Der Kroate Igor Vori ist der Beste seines Fachs. Mit dem HSV will er am kommenden Wochenende auch die Champions League gewinnen.

Hamburg. "Die Handbremse ist gelöst, der Druck weg. Wir freuen uns jetzt alle auf die Endrunde der Champions League", sagt Igor Vori, 30. Diese Aussagen können nicht überraschen. So oder ähnlich denken sie alle, die Handballer des HSV nach dem Gewinn ihrer ersten deutschen Meisterschaft und vor dem Final Four am Wochenende in Köln. Dass der kroatische Kreisläufer des HSV die Gefühlslage seines Teams in Deutsch beschreibt, lässt dagegen aufhorchen. Der schnelle Spracherwerb scheint ein Zeichen seines Wohlbefindens. "Ich fühle mich mit meiner Familie in Hamburg ausgesprochen gut", sagt Vori, der im Juli 2009 aus Zagreb zum HSV wechselte, "die Stadt ist perfekt, die Mannschaft auch, und dass wir endlich den ersehnten Titel geholt haben, rundet das Ganze ab." Mit 178 Toren in bislang 50 Pflichtspielen hat er einen großen Teil der laufenden Erfolgsgeschichte mitgeschrieben. Dass bei ihm fast jeder Wurf ein Treffer war, macht Vori besonders wertvoll.

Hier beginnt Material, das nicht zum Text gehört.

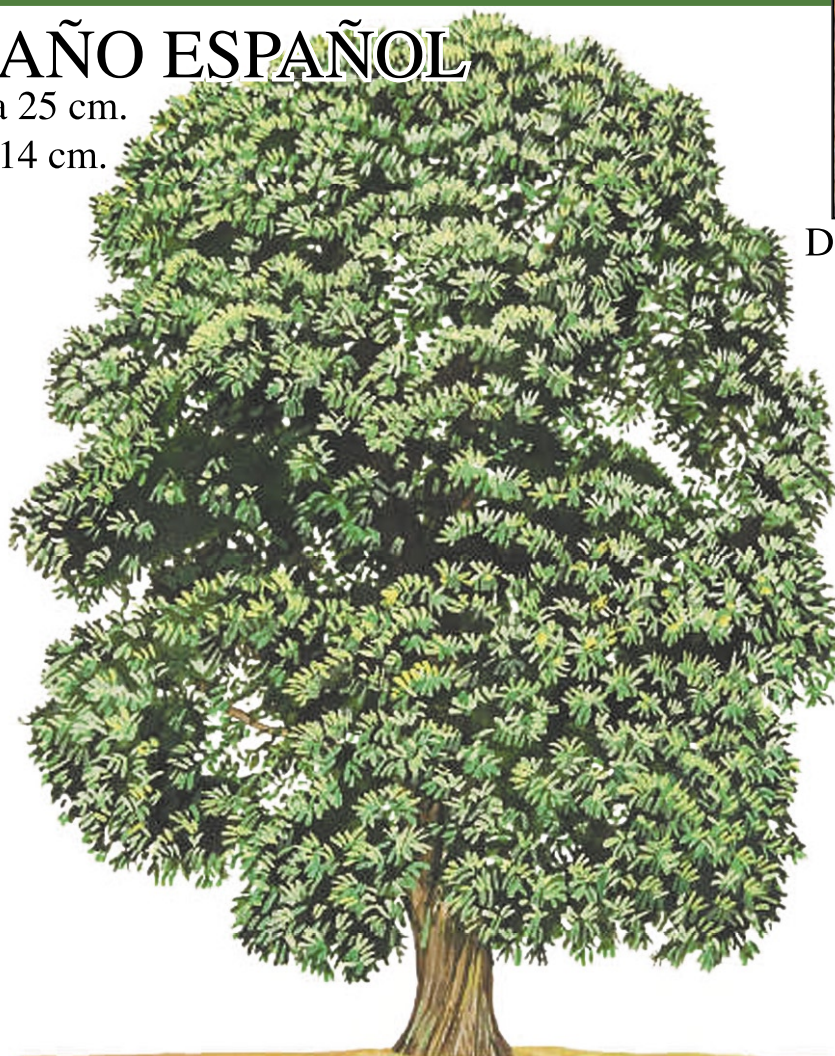

Detalle de la corteza

NOGAL

H0 de 25 a 22 cm.

N de 13 a 10 cm.

Detalle de la corteza

ÁRBOL DE LA FRESA (arbusto)

H0 de 6 a 4 cm.

N de 3 a 2 cm.

Detalle de la corteza

SAUCE

H0 de 22 a 18 cm.

N de 12 a 10 cm.

SAUCE LLORÓN

H0 de 14 a 11 cm.

N de 8 a 5 cm.

Detalle dela corteza.
El llorón la tiene
algo más oscura.

PLÁTANO

H0 de 30 a 25 cm.

N de 18 a 14 cm.

Detalle de la corteza

CIRUELO

H0 de 8 a 5 cm.

N de 3 a 2 cm.

Detalle de la corteza

CASTAÑO DE INDIAS

H0 de 35 a 25 cm.

N de 20 a 14 cm.

CASTAÑO ESPAÑOL

H0 de 35 a 25 cm.

N de 20 a 14 cm.

Detalle de la corteza

"Er ist momentan der beste Kreisläufer der Welt", sagt einer, der es wissen muss, sein Mannschaftskollege Bertrand Gille, 33, Welthandballer des Jahres 2002. Mit dem Franzosen teilt sich Vori beim HSV den Job an der Sechs-Meter-Linie. Es ist das brutalste Aufgabengebiet des Handballs, das Schlachtfeld. Hier wird in Angriff und Abwehr geschoben, geschubst, geschlagen und getreten. Da kommt es einem gelegen, wenn man 2,03 Meter groß ist und 111 Kilo wiegt - wie Vori, der Bulle vom Kreis. "Diese Körpermaße brauchst du, um dich an der Front behaupten zu können. Igor ist dazu noch wendig und schnell in seinen Handlungen", sagt Athletiktrainer Oliver Voigt.

Und er ist vor allem konstant in seinen Leistungen. Diese Saison ist eine der besten in seiner Karriere. Diejenigen, die ihn lange kennen wie sein HSV- und Nationalmannschaftkollege Blazenko Lackovic, meinen sogar, es sei seine beste. "Entscheidend in diesem Jahr war, dass ich gesund geblieben und nicht völlig kaputt von der WM im Januar in Schweden zurückgekommen bin", sagt Vori. In der Vergangenheit wäre das oft anders gewesen, im Vorjahr zum Beispiel hätte die Europameisterschaft in Österreich extrem an seinen Kräften gezehrt. "Da musste ich in fast jeder Begegnung durchspielen. Das war eine extreme Belastung, von der ich mich nur schwer erholt habe."

Heute, am Ende einer erneut langen Saison, wirkt Vori frisch, froh gelaunt und tatendurstig. "Wir sind noch nicht fertig", sagt der Weltmeister (2003) und Olympiasieger (2004). "Wir haben eine Mannschaft, die jede andere der Welt bezwingen kann." Als Favoriten sieht er den HSV dennoch nicht im Final Four, das sind für ihn Ciudad Real, der Halbfinalgegner der Hamburger, und der neue spanische Meister FC Barcelona, der mögliche Kontrahent im Finale. Für die Katalanen hat Vori zwei Jahre lang gespielt, von 2005 bis 2007. "Der FC Barcelona ist ein großer Verein. Nur Handball rangiert dort hinter Fußball und Basketball erst an dritter Stelle." Über Barcelona will er jedoch nicht viel reden. Ciudad Real sei das Team, das es zunächst auszuschalten gelte. Und das ist dem HSV in der Champions League in bisher drei Versuchen seit 2008 nicht gelungen. "Ciudad Real hat kaum Schwächen", weiß Vori "sie warten auf deine Fehler und schlagen dann mit einer unglaublichen Konsequenz zu. Wenn wir 60 Minuten lang unsere Konzentration hoch halten, haben wir eine Chance." Er freue sich schon auf das Spiel. "Das wird ein Riesenspektakel in einer grandiosen Atmosphäre vor 19 000 Zuschauern."

Final Four in Köln, Halbfinale: Sa, 15.15 Uhr: Rhein-Neckar Löwen - FC Barcelona; 18 Uhr: HSV - BM Ciudad Real. So, 15.15 Uhr, Platz drei; 18 Uhr: Finale. Eurosport überträgt alle Spiele live.